** Exercise data **
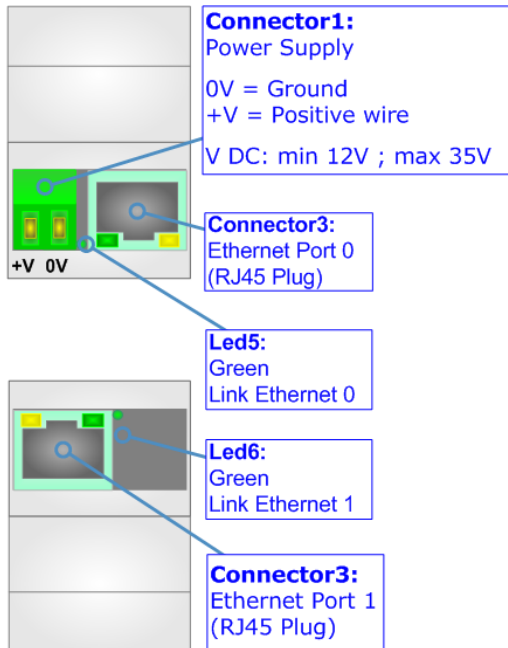

# CONNECTION SCHEME

Order code: HD67C00-G43-B2

Order code: HD67C00-G43-B2
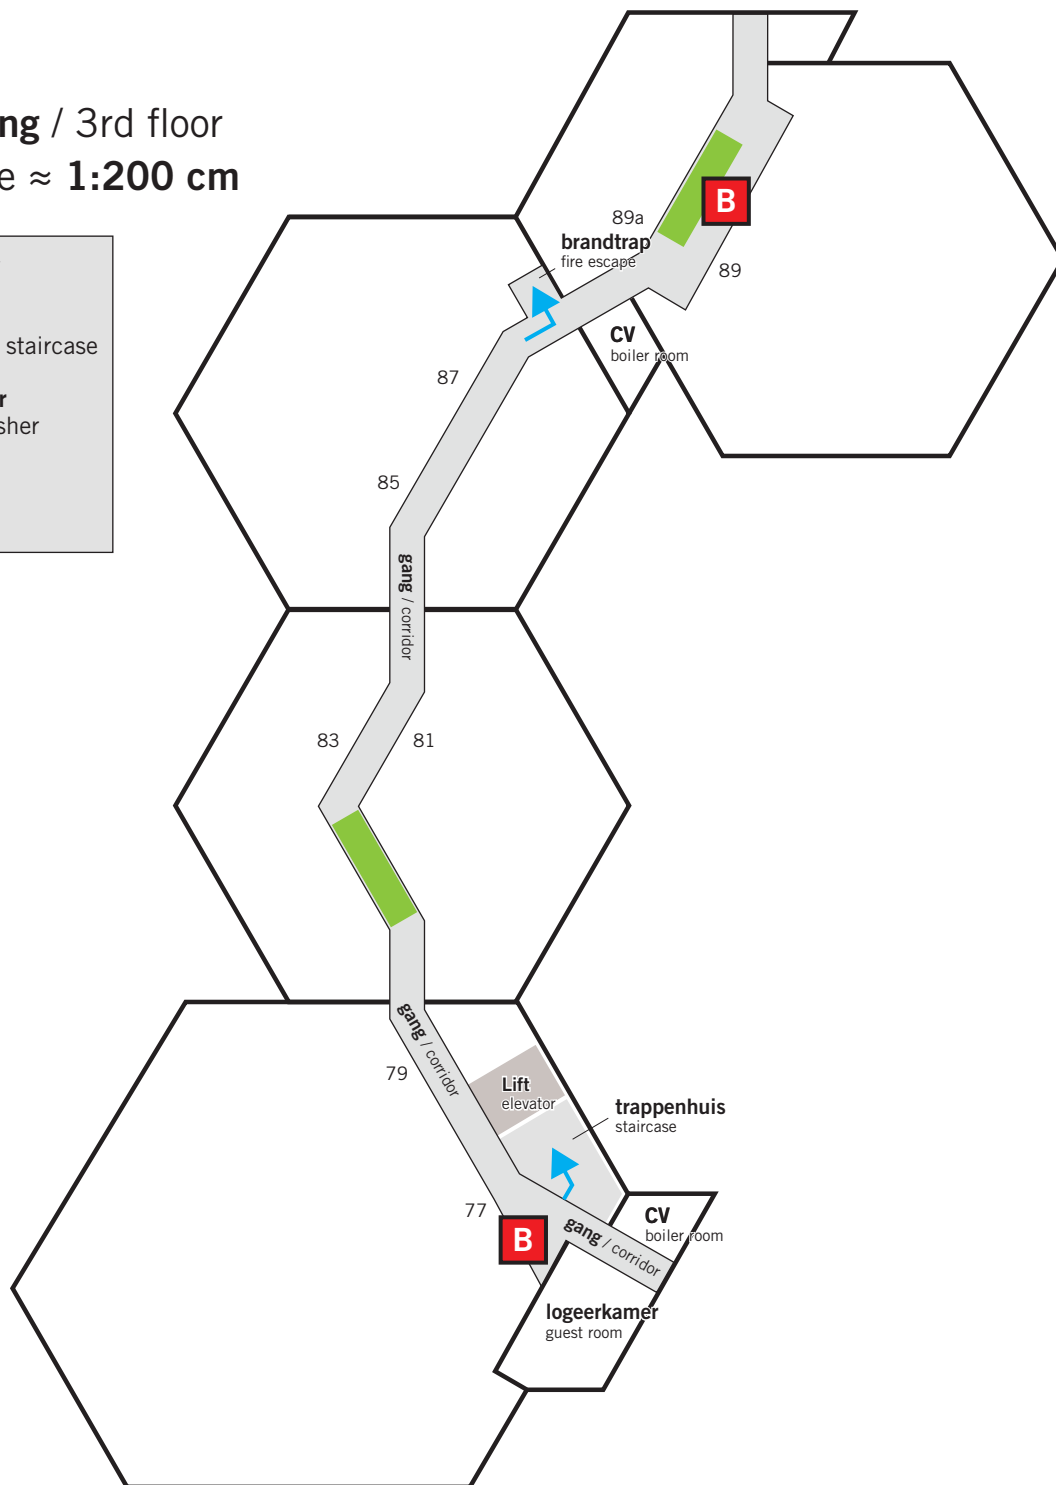

VLUCHTROUTEPLAN

Escape route

In geval van nood
In case of emergency

112

3de verdieping / 3rd floor
schaal / scale \approx 1:200 cm

Legenda / Key

-  (brand)trap
fire escape / staircase
-  brandblusser
fire extinguisher
-  brandslang
fire hose

** Task requirements **
The result should be a verbatim copy of the data, free of pictures.

** Solution **
# CONNECTION SCHEME

Order code: HD67C00-G43-B2

Order code: HD67C00-G43-B2

VLUCHTROUTEPLAN

Escape route

In geval van nood
In case of emergency

112

3de verdieping / 3rd floor
schaal / scale \approx 1:200 cm

Legenda / Key

-  (brand)trap
fire escape / staircase
-  brandblusser
fire extinguisher
-  brandslang
fire hose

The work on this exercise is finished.